Если ночью случается стрельба и каждый звук обретает особый смысл, делается объемным, таит в себе опасность, то утро бывает безмятежным, чистым, в желтом, задымленном небе прорезается яркий искристый желток солнца, желток краснеет, румянит все вокруг, делает поджаристым: и стены домов поджаристы, словно боковушки пшеничной буханки, и земля, и камни, и редкие деревья. Дуканы — мелкие магазины, лавчонки, киоски, лавки распахивают свои двери — входи, народ, не стесняйся! Подле дверей мотается из стороны в сторону черноглазое синеволосое пацанье — это зазывалы, родителям да торговцам в «деле» помогают. Им в школу надо ходить, сейчас лето, самая горячая школьная пора, а они… Грамоты еще не знают, но довольно лихо лопочут по-английски, по-французски, по-турецки, по-русски, все схватывают на лету.

Вчера Князев, проходя по базарчику, увидел на дверях одного дукана объявление, написанное по-русски на листе ватмана зеленым фломастером. Буквы хоть и были начертаны сикось-накось и слова перевраны, но смысл передавали правильно: «В нашу дукан поступили новый кожаный изделия и дубленки».
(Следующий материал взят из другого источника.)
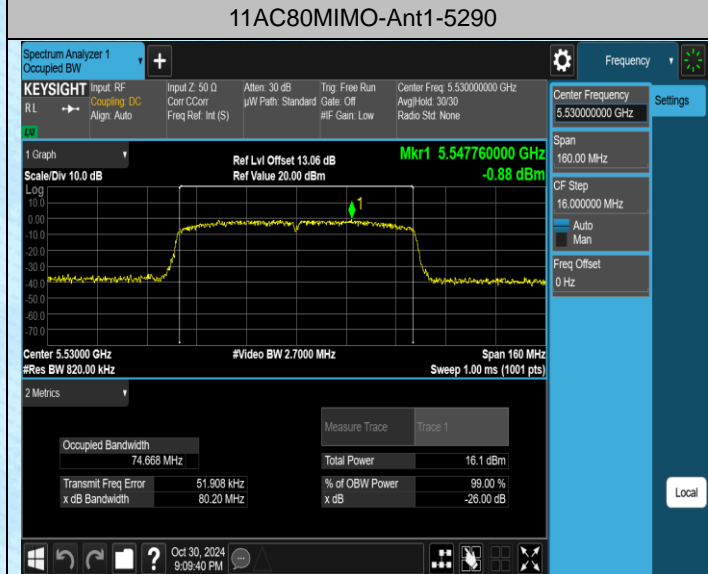

11AC40MIMO-Ant1-5310

11AC40MIMO-Ant2-5310

## AppendixA2: Occupied channel bandwidth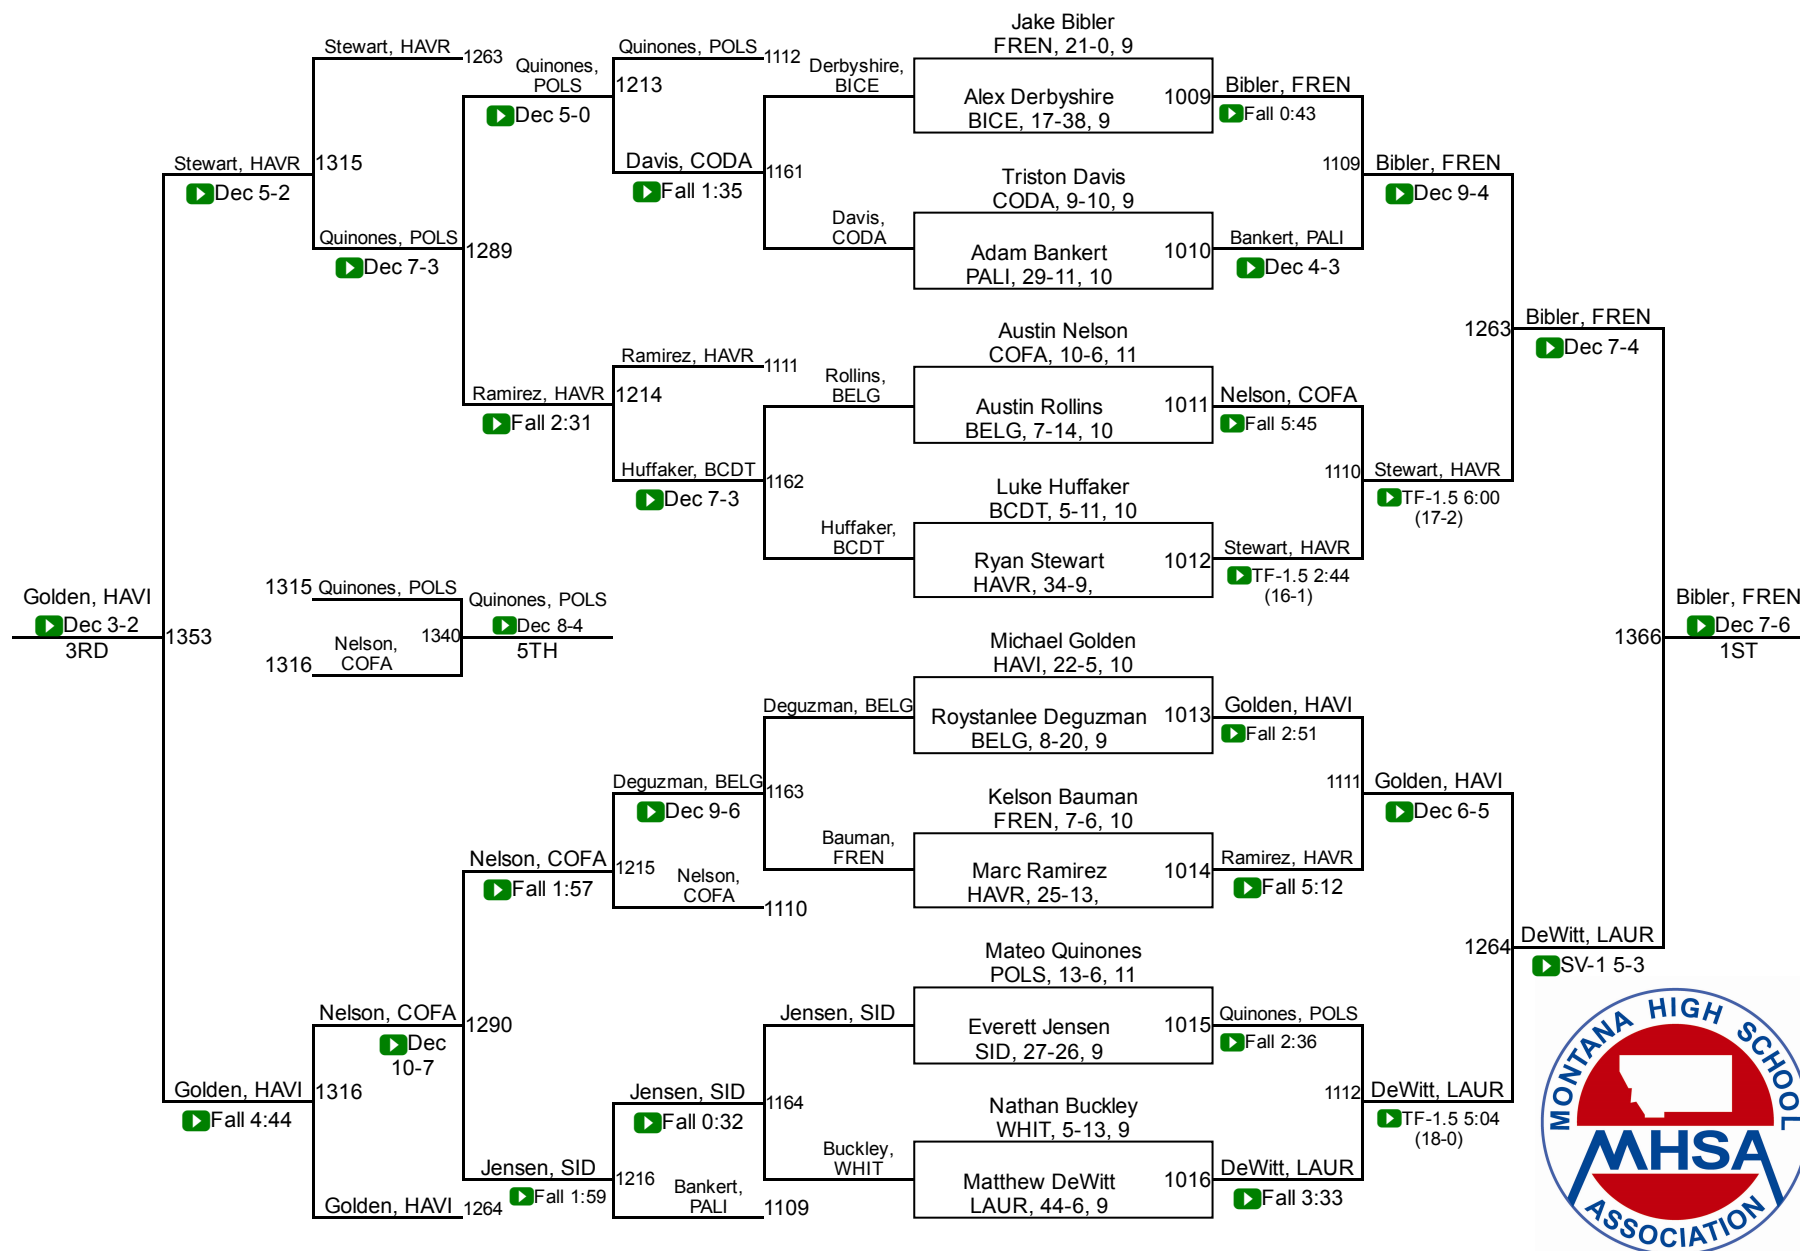

2017 MHSА State Championships

A - 113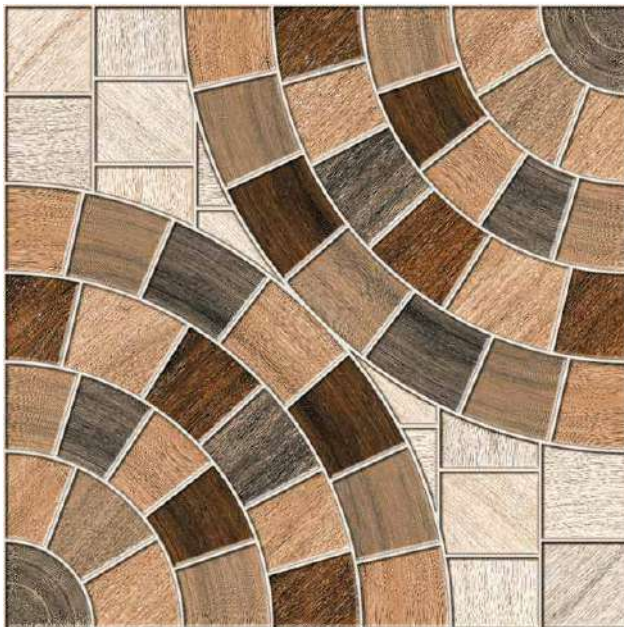

MOSAIC 3

SIZE
396 X 396 MM

FINISH
RUSTIC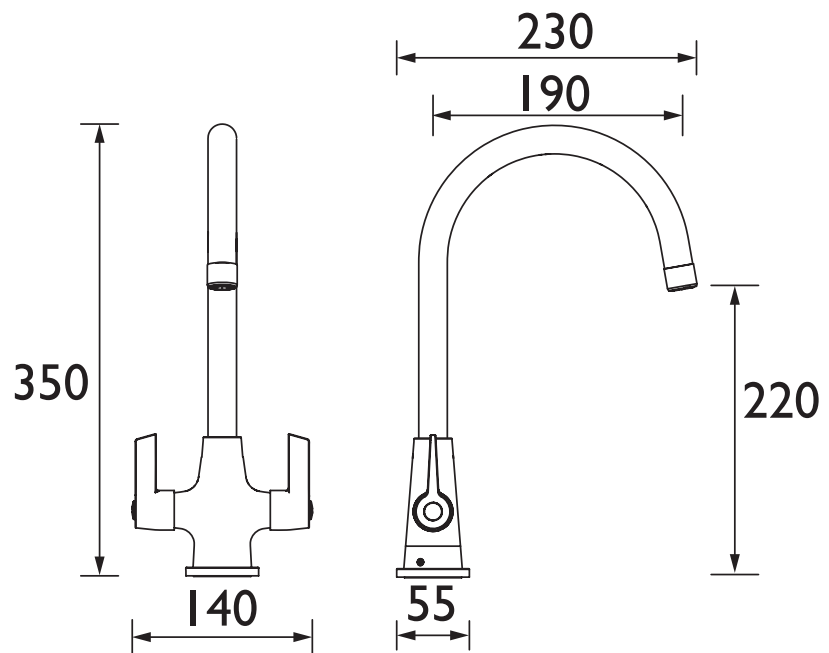

EC SNK EF GM

ECHO Tap Range Echo Easyfit Mono Sink Mixer Gun Metal

Features:

- Unique patented top fix design, for simple installation from above the sink.
- Simply drop and twist the top fix base into the tap hole from above, and lock into place with the Allen key provided.
- Two supplied isolation valves and flexi tails mean you can connect to the water supply at this point and isolate the base.
- Push the tap on to the base and secure into position with the supplied Easyfit tool and screws.
- Everything you need in the box including an Allen key, isolation valves, Top Fix Easyfit base, Easyfit tool and flexi tails
- Swivel spout for easy use
- Long life 1/4 turn ceramic disc valves for added durability and smooth control.
- High quality metal fixings for security and durability
- Also available in other finishes.
- 10 year parts and 1 year labour guarantee for peace of mind.

Product Certifications:

WRAS Cert. Number: 2012929
WRAS Expiry Date: 31/12/2025

Specification

Product Type:	Kitchen Taps
Main Construction Material:	Brass
Mount Type:	Deck
Handle Type:	Lever
Connection Inlet:	1/2" BSP Female Flexible Tails
Connection Outlet:	Screw-in Aerator
Number of Tap Holes:	1
Valve/Cartridge Type:	1/2" Ceramic Disc Valve
Plumbing System Requirements:	Suitable for all plumbing systems
Minimum Dynamic Pressure (bar):	0.4 bar
Maximum Dynamic Pressure (bar):	5.0 bar
Maximum Hot Water Temperature °C:	65°C
Maximum Static Pressure (bar):	10 bar
Flow Type:	Single Flow
Isolation Included:	Yes

Dimensions (measurements in mm)

Flow Rates (l/min)

System Pressure (bar)	0.4	0.5	1	2	3	5
EC SNK EF GM (mixed)	10.4	11.8	17.2	24.8	30.6	39.7

TECHNICAL DATA SHEET

BRISTAN

D2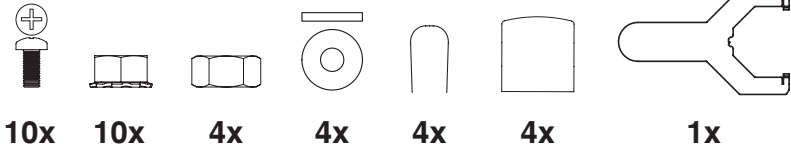

XXL XL L M S MX MN

Pojízdný stojan XL

Montážní návod

7/16" + 9/16"
(Nr. 11 + 15)

[www.biggreenegg.com/
assembly-videos](http://www.biggreenegg.com/assembly-videos)

 www.biggreenegg.com

 www.biggreenegg.ca

 www.biggreenegg.eu

 www.biggreenegg.co.uk

 www.biggreenegg.co.za

CAUTION: SEE SAFETY NOTICE
www.biggreenegg.com/safetytips

© COPYRIGHT BIG GREEN EGG INC.

- 1**  8x  8x   7/16" (Nr. 11)

- 2**  1x  1x   7/16" (Nr. 11)

© COPYRIGHT BIG GREEN EGG INC.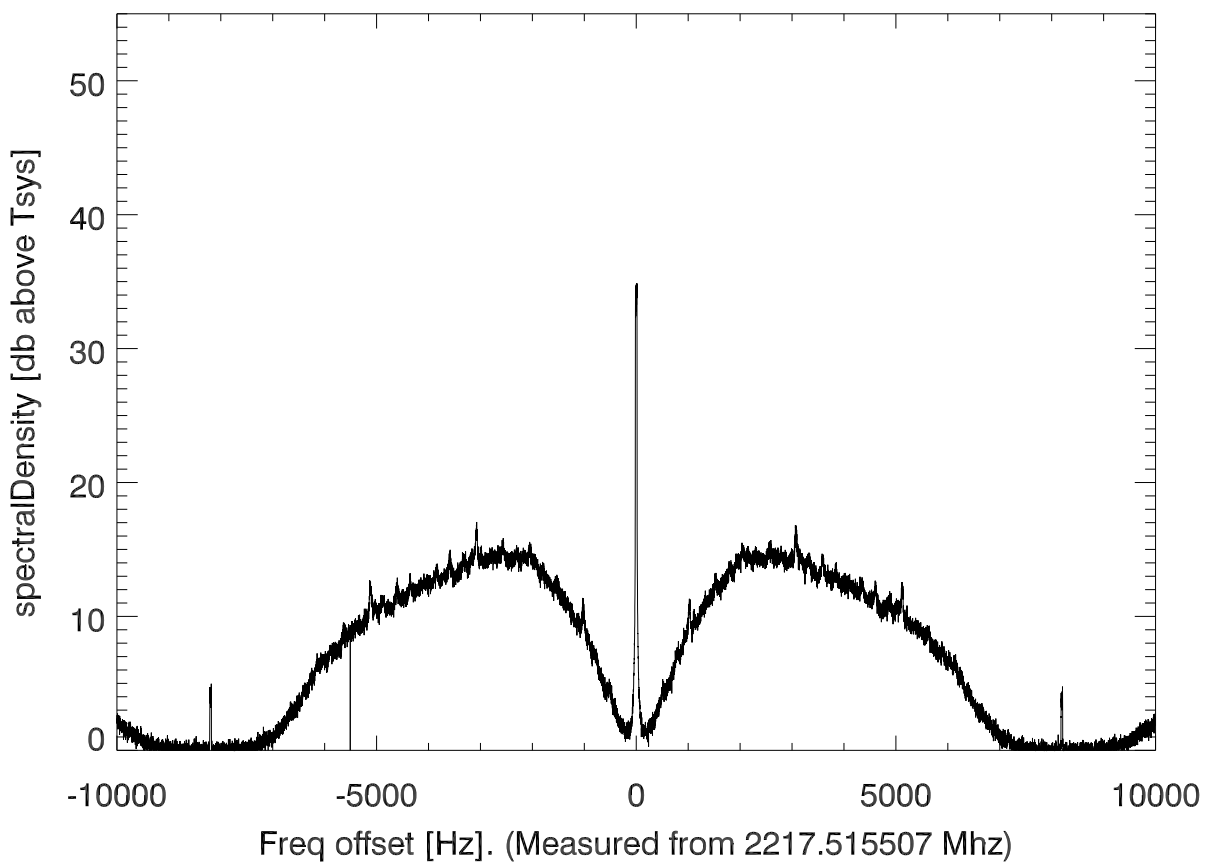

isee3 140609:203516 (UTC). overplot spectra from 147 sec run. PoIA

PoIB

isee3 140609:203516 (UTC) spectra after doppler correction. PoIA

isee3 140609:203516 (UTC) spectra after doppler correction. PoIB

Это специально для их взвода, лишь недавно прибывшего сюда, написано. Верно говорят: «Реклама — двигатель торговли». Какой двигатель? Двухтактный, от старой мотоциклетки, который трещит, плюется сизым дымом, воняет гарью? Или вечный — тихий, существующий только в сказках? На чем работает движок? На солярке, керосине, на «семьдесят шестом» бензине или «девяносто третьем»?

Матвеенков двигался рядом — маленький, круглоголовый, с оттопыренными ушами. Панама на гладкой голове вертелась, как тарелка. Матвеенков часто оглядывался: все тут ему было интересно.

— Смотрите, товарищ сержант, какая девчонка! Класс! — Матвеенков стрельнул взглядом по тоненькой фигурке, показавшейся в глиняном проулке. Князев посмотрел в проулок. — Небось в школе учится, — сказал Матвеенков. — Из хорошей семьи.

Но девчонка эта в школе не училась и вряд ли вообще знала грамоту — она была замужней женщиной. Хотя по возрасту она могла еще считаться девчонкой — ей было лет пятнадцать-шестнадцать, не больше.

— Тут замуж, Матвеенков, женщины рано выскакивают. Смотришь иногда, идет девчонка, нежная, глаза маслиновые, удлиненные, челка на лбу, улыбка во все зубы, детская, открытая — ну школьница, обычная школьница, в седьмом классе учится или в восьмом, а на деле оказывается, что у этой школьницы уже трое детей и четвертый намечается. Так и эта девчонка!

— Ого! — взрослым понимающим тоном воскликнул Матвеенков. — А чадра где же? Ведь замужние женщины чадру носят, да?

— Раньше все носили, сейчас в основном в горах да в дальних кишлаках. В Кабуле, например, только те, кому нравится.

— Либо когда муж потребует, — Матвеенков хмыкнул. — Для полноты семейного счастья.

— Да, либо если муж потребует. Чадра разного цвета бывает. Фиолетовую, темно-синюю и черную носят пожилые женщины, голубую, сиреневую, охряную, песочного цвета — молодые.

— Ар-рифметика, — Матвеенков снова хмыкнул. — Какой же тут принцип?

— Принцип один: чем старее женщина, тем темнее чадра.

— Старых женщин, товарищ сержант, не бывает. Существует французский счет: женщины до двадцати пяти лет и женщины двадцати пяти лет. Только два возраста, — Матвеенков сложил указательный и большой пальцы в колечко, потряс «фигурой» в воздухе, — только два. А вы… товарищ сержант… — Матвеенков исказил голос, нагнал в него скрипучести, хриплых прокуренных тонов: — «Чем старее женщина, тем темнее чадра…»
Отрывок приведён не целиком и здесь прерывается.